= Records to use =
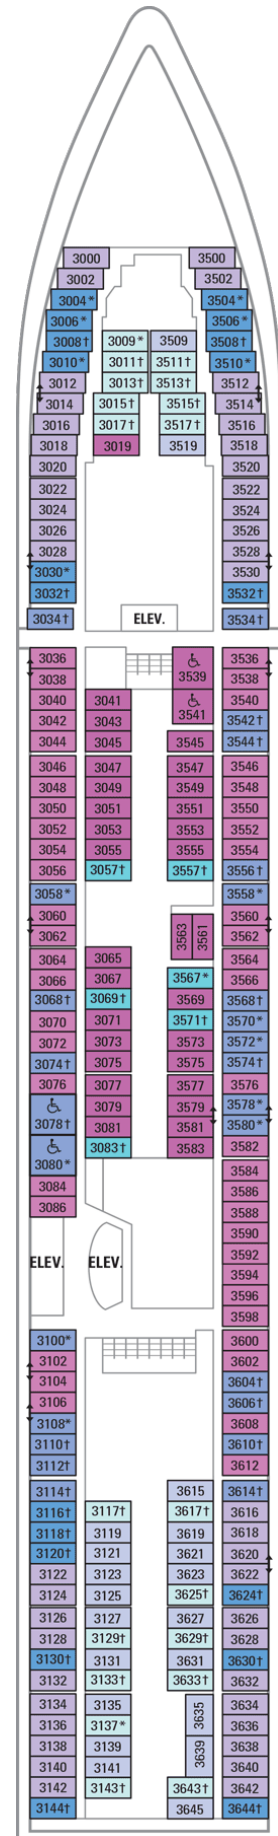

OCEAN VIEW

1N Ocean View

2N Ocean View

INTERIOR

1V Interior

2V Interior

OCEAN VIEW

1N	Ocean View
2N	Ocean View
3N	Ocean View
8N	Ocean View

INTERIOR

1V	Interior
2V	Interior
3V	Interior
6V	Interior

OCEAN VIEW	
1N	Ocean View
2N	Ocean View
3N	Ocean View
8N	Ocean View

INTERIOR	
1V	Interior
2V	Interior
2W	Studio Interior

Deck Five on
SERENADE OF THE SEAS

Deck Six on
SERENADE OF THE SEAS

SUITES

OT Owner's Suite - 2 Bedroom

BALCONY

4B Spacious Ocean View Balcony

1D Ocean View Balcony

2D Ocean View Balcony

5D Ocean View Balcony

6D Ocean View Balcony

OCEAN VIEW

1K Ultra Spacious Ocean View

2M Spacious Ocean View

3N Ocean View

8N Ocean View

INTERIOR

1V Interior

= Exercise aim =
From the line containing "1D Ocean View Balcony" to the last line above, repeat every line exactly and nothing else.

= Solution to the exercise =
1D Ocean View Balcony

2D Ocean View Balcony

5D Ocean View Balcony

6D Ocean View Balcony

OCEAN VIEW

1K Ultra Spacious Ocean View

2M Spacious Ocean View

3N Ocean View

8N Ocean View

INTERIOR

1V Interior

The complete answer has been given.